Панюшкин, не замедляя шага, шел, словно отгородившись от Ливнева поднятым воротником.

— Предлагаю провести маленькую летучую пресс-конференцию. Как говорится, у трапа самолета, а? Годится? Попробуем? — Ливнев говорил короткими фразами, пытаясь расшевелить Панюшкина, зажечь его азартом спора, рассчитывая, что тот не удержится и ввяжется в эту короткую, бескровную схватку. — Решайтесь, Николай Петрович! Я задам всего несколько вопросов! Не захотите — не отвечайте. Пока дойдем до конторы, пресс-конференция кончится. Ни одной минуты рабочего времени я у вас не отниму. Договорились? По рукам? Ну? Вперед!

— По рукам! — Панюшкин догадывался, что Ливнев подготовил вопросы, знал, что ответы он истолкует, как заблагорассудится, но ему вдруг захотелось схватиться с этим корреспондентом, не для того, чтобы победить, вряд ли это было возможно, скорее, чтобы еще раз убедиться в своей правоте.

— Итак! — Ливнев хлопнул в ладоши, словно начиная отчаянный номер на арене. — Никаких блокнотов и записей. Никаких следов и последствий. Без свидетелей, соучастников и пострадавших. Начинаем. Вопрос первый! Считаете ли вы, Николай Петрович, что вами сделано все возможное, чтобы сдать трубопровод в срок?

— Да. В пределах своего характера, своих способностей и знаний я сделал все возможное.

— Уточняю! — Ливнев снова хлопнул в ладоши. — Можно ли понимать ваш ответ, как признание того, что другой человек на вашем месте смог бы добиться большего?

— Разумеется, вы бы на моем месте добились большего. Правда, как бы вам это удалось, я не знаю. Знания мои, как видите, ограничены.

— Отлично! Принимается! Вопрос второй, — Ливнев раскраснелся, ноздри его мощного, выступающего вперед носа вздрагивали. Он почувствовал состояние Панюшкина, понял, что тот сейчас ответит на любой его вопрос, ответит откровенно и вовсе не потому, что очень уж уважает его, Ливнева. — Считаете ли вы осенний Тайфун единственным виновником срыва строительства?

— Нет. Все валить на Тайфун у меня нет оснований. Сроки были бы сорваны в любом случае. В этом можно убедиться по отчетам, которые мы посылали до Тайфуна. Опоздание составляло три месяца. Вот мы и сдали бы трубопровод на три месяца позже положенного срока.

— Уточняю! — Ливнев, не в силах сдержаться, обогнал Панюшкина и забежал с другой стороны. — Какие новые сроки вы могли бы назвать?

— Если Пролив замерзнет, все закончим к весне.

— А если нет?

— Долго отвечать. Уклоняюсь от ответа.
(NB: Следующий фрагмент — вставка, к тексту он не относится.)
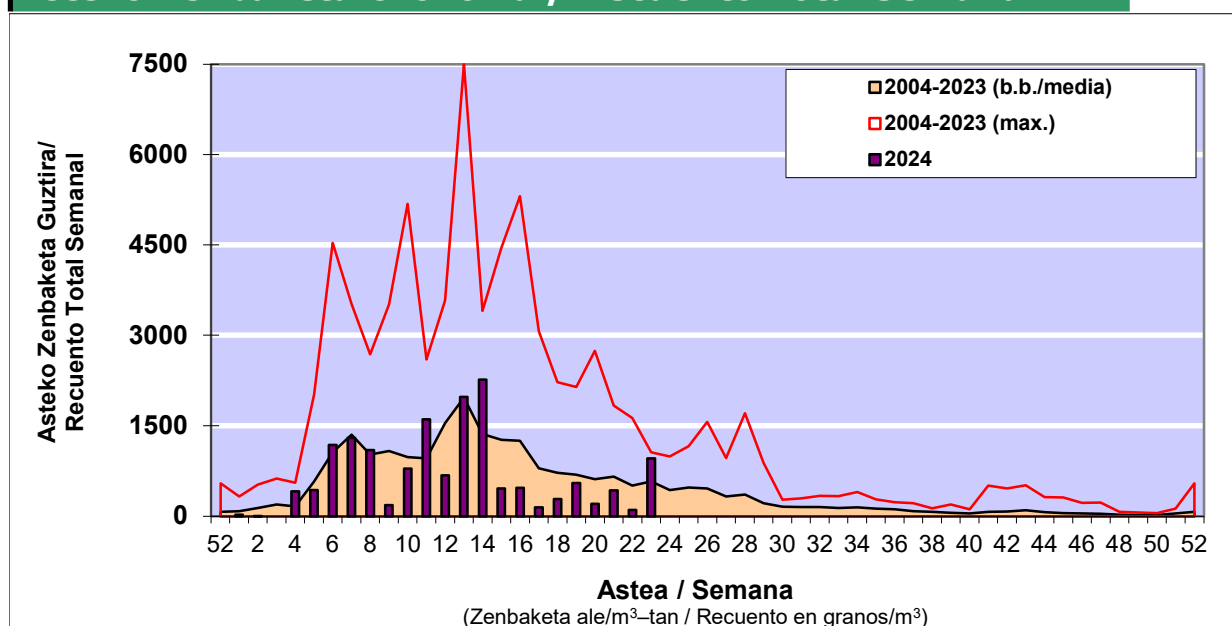

POLEN ZENBAKETA / RECuento DE POLEN

Osasun Sailaren Sarea / Red del Departamento de Salud

1. GAUR EGUNGO EGOERA / SITUACIÓN ACTUAL

		Astea/Semana	23
Estazioa / Estación	Donostia- San Sebastián	03/06-09/06	2024

Polen mota interesgarriak / Tipos polínicos de interés	Zuhaitza-Landarea / Árbol-Planta	Egoera / Situación*	Hurrengo asterako joera / Tendencia próxima semana
Castanea	Gaztainondoa/Castaño	Baxua / Bajo	▲
E. Alternaria	Alternariaren esporak / Esporas de Alternaria	Baxua / Bajo	=
Gramineae	Graminea/Gramínea	Ertaina / Medio	▼
Pinus	Pinua/Pino	Baxua / Bajo	▼
Plantago	Platina/Llantén	Baxua / Bajo	=
Quercus	Haritza-Artea/Roble-Encina	Baxua / Bajo	=
Urticaceas	Asuna-Horma-belarra/Ortiga-Parietaria	Ertaina / Medio	▼

*Ebaluaketa irizpideak, "Red Española de Aerobiología"-ren arabera /

2. ASTEKO ZENBAKETA GUZTIRA / RECuento TOTAL SEMANAL

Estazioa / Estación	Donostia- San Sebastián

Asteko Zenbaketa Orokorra / Recuento Total Semanal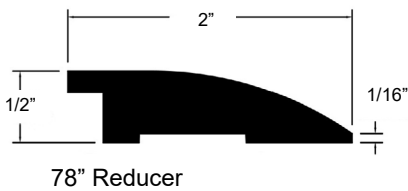

78" Reducer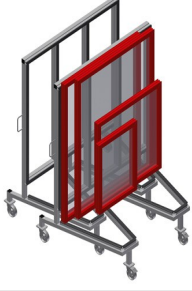

KW3

Devreye alma arabası

Pencere elemanlarının işletme içinde taşınması için devreye alma arabası

- Sağlam çelik konstrüksiyon
- İşletme içinde taşıma için
- Kauçuk kaplı profil desteği
- Yüklenmemiş durumda iç içe kaydırılabilir, bu sayede yer ihtiyacı azaltılabilmektedir
- 2'si park frenli 4 tekerlek

Devreye Alma Arabası KW 3

Tekerlekler

2'si park frenli 4 tekerlek yüksek hareketlilik ve kolay, güvenli kullanım sağlar

Kauçuk profilli destek

Temas yüzeyi kauçuk profille kaplandığından profilli hasarlara karşı korumaktadır

Taşıma Kolu

Hareket ettirmek için çift taraflı taşıma kolu

KW 3 / DEVREYE ALMA ARABASI

- Uzunluk 1.600 mm
- Genişlik 1.130 mm
- Yükseklik 1.960 mm
- Ağırlık 90 kg
- Taşıma kapasitesi 400 kg
- Hareket makarası çapı 125 mm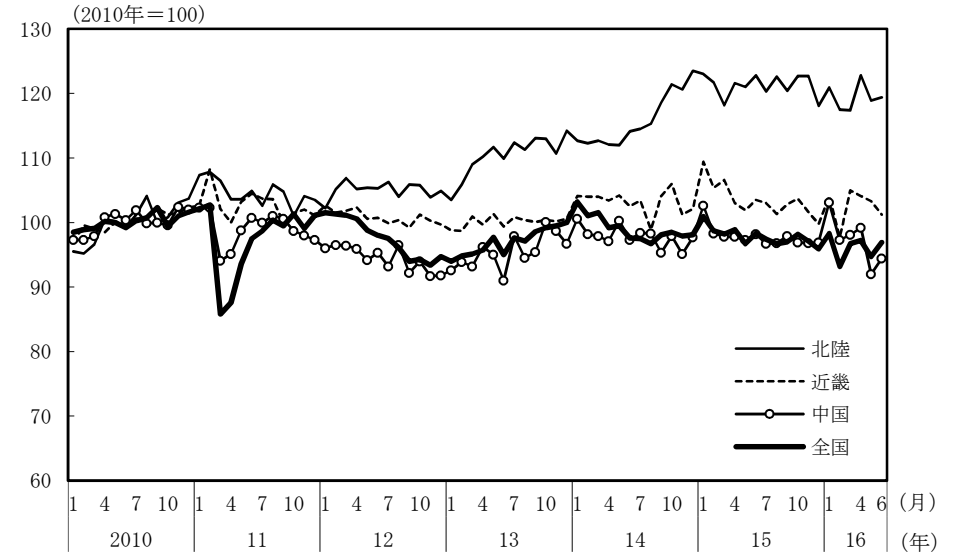

(参考3) 地域経済

(1) 鉱工業生産

(備考)

1. 経済産業省「鉱工業指数」、各経済産業局、中部経済産業局・ガス事業北陸支局、沖縄県「鉱工業生産動向」により作成。季節調整値。
2. 地域区分は下記「地域区分B」による。ただし、東海は岐阜、愛知、三重の3県、北陸が富山、石川、福井の3県。
3. 2010年基準。

(参考) 地域区分

	地域区分A	地域区分B	地域区分C
北海道	北海道	北海道	北海道
東北	青森、岩手、宮城、秋田、山形、福島、新潟	青森、岩手、宮城、秋田、山形、福島	青森、岩手、宮城、秋田、山形、福島
関東	茨城、栃木、群馬、埼玉、千葉、東京、神奈川、山梨、長野	新潟、茨城、栃木、群馬、埼玉、千葉、東京、神奈川、山梨、長野、静岡	茨城、栃木、群馬、埼玉、千葉、東京、神奈川、山梨、長野
中部	-	富山、石川、岐阜、愛知、三重	-
東海	静岡、岐阜、愛知、三重	-	静岡、岐阜、愛知、三重
北陸	富山、石川、福井	-	新潟、富山、石川、福井
近畿	滋賀、京都、大阪、兵庫、奈良、和歌山	福井、滋賀、京都、大阪、兵庫、奈良、和歌山	滋賀、京都、大阪、兵庫、奈良、和歌山
中国	鳥取、島根、岡山、広島、山口	鳥取、島根、岡山、広島、山口	鳥取、島根、岡山、広島、山口
四国	徳島、香川、愛媛、高知	徳島、香川、愛媛、高知	徳島、香川、愛媛、高知
九州	福岡、佐賀、長崎、熊本、大分、宮崎、鹿児島	福岡、佐賀、長崎、熊本、大分、宮崎、鹿児島	福岡、佐賀、長崎、熊本、大分、宮崎、鹿児島
沖縄	沖縄	沖縄	沖縄

(2) 完全失業率

(備考) 1. 総務省「労働力調査」により作成。原数値。
2. 地域区分は前頁「地域区分C」による。

(3) 有効求人倍率

(備考) 1. 厚生労働省「一般職業紹介状況」により作成。季節調整値。
2. 地域区分は前頁「地域区分A」による。
3. すべての地域でパートタイムを含む。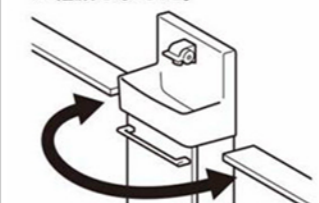

排水口まわりの金具(フランジ)をなくして継ぎ目のないポウルを実現。汚れがたまりにくく、ふき取り掃除も簡単です。

フランジあり フランジレス

コンパクトでも収納力しっかり

スマートなフォルムでも、掃除用具をしっかり収納できます。

収納例

洗剤×2
ブラシ×1

※写真はイメージです。

アクアセラミック

従来の衛生陶器ではできなかった「ガンコな水アカ」も「汚れ」もどちらも落とせる、お掃除ラクラクな衛生陶器です。

疑似汚れを塗布後、洗浄して拭き取った様子。一目で違いがわかります。

AQUA CERAMIC

SIAA ISO22196 for KOHKKIN

タオル掛

さりげない形状ですっきりタオルが掛けられます。

選びやすい左右共通仕様

左右共通設計なので、建築条件に応じて選ぶわずらわしさが軽減しました。

Давайте следующий.

— Кому из подчиненных вы доверили бы свое место?

— Званцеву.

— Вы ему полностью доверяете?

— Да. Как специалисту.

— А как человеку?

— Этот вопрос задаст мне он, если найдет нужным.
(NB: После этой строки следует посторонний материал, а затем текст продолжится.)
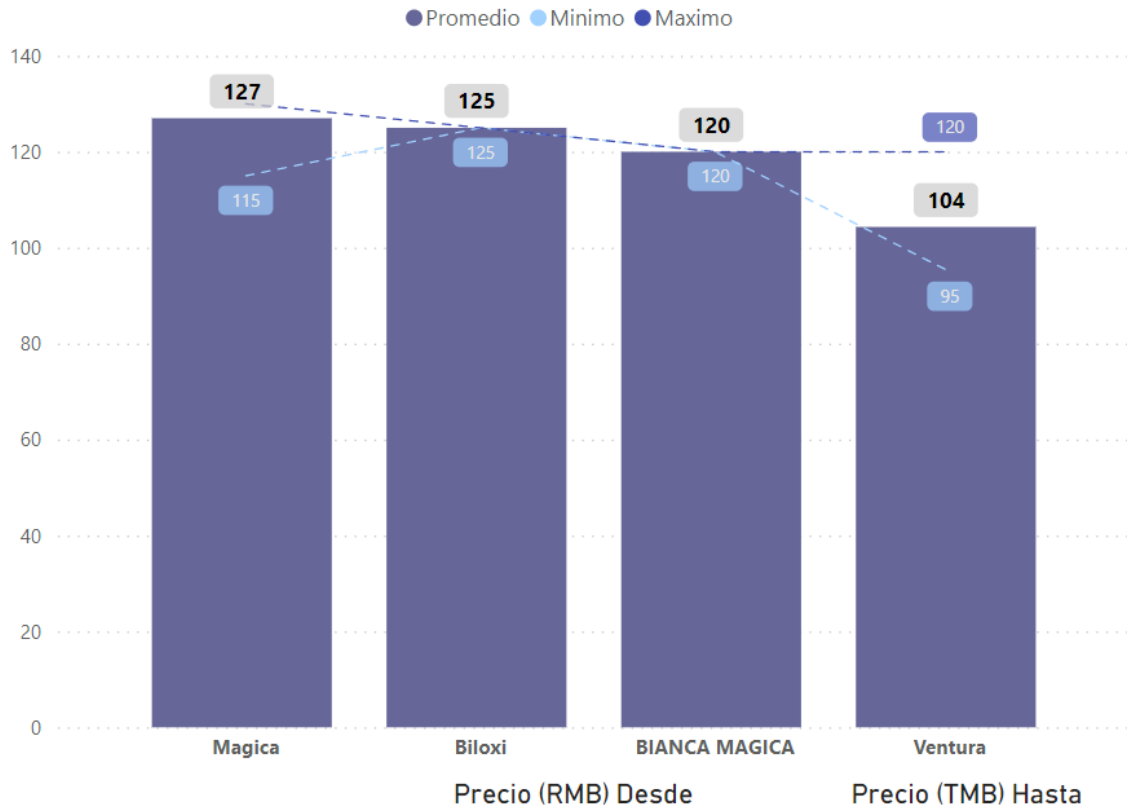

Temporada

2023-2024

Semana

49

China; Blueberries

Rangos Precio (RMB) por Variedad

Rangos Precio (RMB) por Diametro

Variedad	Diametro Fruto (mm)	Precio (RMB)
Bianca	18+	133
CRUNCH	16+	135
FCM	18+	110
Magica	14+	140
Magica	14+	145
Magica	16+	130
Magica	16+	138
Magica	16+	140
Magica	16+	150
Magica	18+	125
Magica	18+	140
POP	16+	150
POP	18+	155
Ventura	12+	145
Ventura	14+	140
Ventura	16+	130
Ventura	16+	140

Temporada

2023-2024

Semana

50

China; Blueberries

Rangos Precio (RMB) por Variedad

Rangos Precio (RMB) por Diametro

Variedad	Diametro Fruto (mm)	Precio (RMB)
Bianca	14+	140
Bianca	14+	145
Magica	12+	135
Magica	12+	145
Magica	12+	148
Magica	14+	140
Magica	16+	122
Magica	16+	135
Magica	16+	140
Magica	16+	147
Suziblue	16+	130
Ventura	12+	125
Ventura	12+	135
Ventura	14+	130
Ventura	14+	137
Ventura	16+	140
Ventura	18+	120
Ventura	20+	110

Temporada

2023-2024

Semana

51

China; Blueberries

Rangos Precio (RMB) por Variedad

Rangos Precio (RMB) por Diametro

Variedad	Diametro Fruto (mm)	Precio (RMB)
BIANCA MAGICA	14+	120
Biloxi	14+	125
Magica	12+	123
Magica	14+	125
Magica	14+	128
Magica	18+	130
Ventura	12+	98
Ventura	20+	95
Ventura	20+	120

Temporada

2023-2024

Semana

52

China; Blueberries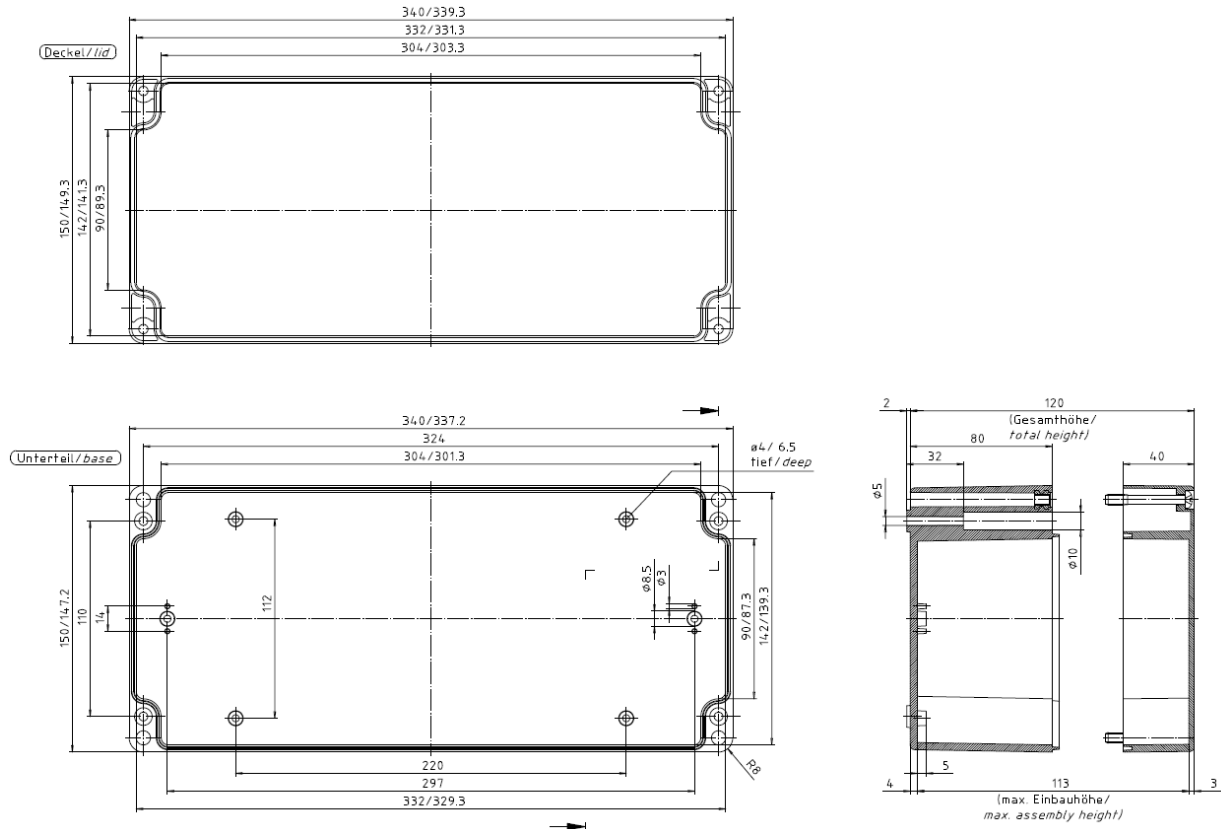

## Data Sheet

### Merkmale / attributes :

- Material / material : ABS / ABS
- Farbe / colour : lichtgrau / light grey
- Dichtung / seal : eingezogen / seal factory-assembled
- IP-Schutz / IP-Protection : IP65/66 / IP65/66
- Lieferumfang / scope of delivery : inkl. Schrauben / incl. screws

— Считаете ли вы, что будет справедливо снять вас с занимаемой должности?

— Нет.

— Вы не хотите ответить — почему?

— Снимать меня нецелесообразно по многим причинам. Новому начальнику потребуется время, чтобы войти в курс дела. Январь кончается. Идет весна. Даже если Пролив замерзнет, лед в рабочем состоянии продержится недолго, через месяц-два сойдет. Ни один серьезный специалист не согласится на мое место. Поэтому я в какой-то степени неуязвим.
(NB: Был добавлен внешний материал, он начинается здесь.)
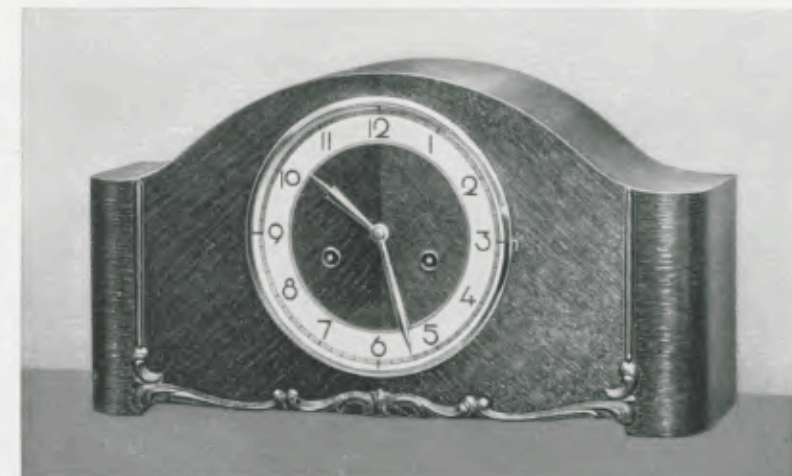

21 x 39,5 cm

17/1466

Eiche

17 cm Goldlünette,
zweifarbiger Zahlenreif,
Werk Nr. 278,
Bim Bam 3 Stäbe

Ladenpreis . . . . RM. 37.—

— Вы действительно считаете себя неуязвимым?

— Конечно, нет!

— В таком случае, как понимать ваши слова? — Ливнев чувствовал, что теряет контроль над разговором, не все сказанное Панюшкиным понимает с полуслова. Ему нужно было время, чтобы осмыслить услышанное, но этого времени не было — он хотел сохранить им же предложенный темп.

— Я уже ответил на этот вопрос, — усмехнулся Панюшкин. — Вот вы, Ливнев, согласились бы сесть на мое место и взять на себя мою ответственность?

— Это невозможно. Я журналист, а не спец по укладке трубопроводов.

— Речь не о специальности. Я говорю о вашем характере, о вашей личности, о вашем мужестве и честолюбии, о трезвости вашего ума и способности принимать решения, нести ответственность — вот о чем я говорю. Итак, вы сели бы на мое место? Только честно. Быстрее, Ливнев, я ведь не заставлял вас ждать!

— Нет. Я бы отказался.

— Почему? — Панюшкин вынул руки из карманов и хлопнул в ладоши. — Итак? Пресс-конференция продолжается!

— Мне кажется... — медленно проговорил Ливнев, что положение, в котором окажется новый начальник строительства... в чем-то несимпатично. Согласие на эту должность... не сделает ему чести.

— И это вас смутит? Нет, вас в самом деле могут остановить столь смутные и невнятные соображения?

— А почему бы и нет? — обиженно спросил Ливнев. — Не думаете же вы, надеюсь, что понятия чести для меня совершенно несущественны?

— Конечно, я так не думаю, — успокоил его Панюшкин. — Но ваши вопросы были настолько бесцеремонны, будто вы действительно задавали мне их у трапа самолета, на котором я должен вылететь отсюда со всеми потрохами! У вас все?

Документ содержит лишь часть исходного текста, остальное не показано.